DATA TO PROCESS -

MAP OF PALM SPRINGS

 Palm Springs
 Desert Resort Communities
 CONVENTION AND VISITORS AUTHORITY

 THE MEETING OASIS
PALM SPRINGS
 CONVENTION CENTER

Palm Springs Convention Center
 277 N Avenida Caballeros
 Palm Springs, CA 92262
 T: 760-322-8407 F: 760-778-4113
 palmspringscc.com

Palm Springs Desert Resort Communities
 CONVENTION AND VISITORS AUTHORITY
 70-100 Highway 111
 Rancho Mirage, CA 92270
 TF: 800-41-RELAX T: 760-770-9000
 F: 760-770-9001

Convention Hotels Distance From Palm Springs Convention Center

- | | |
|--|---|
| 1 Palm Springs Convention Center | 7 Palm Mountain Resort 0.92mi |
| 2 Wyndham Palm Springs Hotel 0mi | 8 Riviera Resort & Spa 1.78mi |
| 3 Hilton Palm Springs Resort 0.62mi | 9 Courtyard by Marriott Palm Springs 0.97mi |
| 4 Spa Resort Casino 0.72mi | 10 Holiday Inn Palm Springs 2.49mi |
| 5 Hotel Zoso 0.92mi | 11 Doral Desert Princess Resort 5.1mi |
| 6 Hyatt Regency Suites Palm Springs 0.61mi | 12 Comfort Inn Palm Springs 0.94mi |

TRY IT -
Transcribe only, please, the lines from the first line of the records through the line with "F: 760-770-9001". Both of those lines are included.

TASK SOLUTION -
MAP OF PALM SPRINGS

 Palm Springs
 Desert Resort Communities
 CONVENTION AND VISITORS AUTHORITY

 THE MEETING OASIS
PALM SPRINGS
 CONVENTION CENTER

Palm Springs Convention Center
 277 N Avenida Caballeros
 Palm Springs, CA 92262
 T: 760-322-8407 F: 760-778-4113
 palmspringscc.com

Palm Springs Desert Resort Communities
 CONVENTION AND VISITORS AUTHORITY
 70-100 Highway 111
 Rancho Mirage, CA 92270
 TF: 800-41-RELAX T: 760-770-9000
 F: 760-770-9001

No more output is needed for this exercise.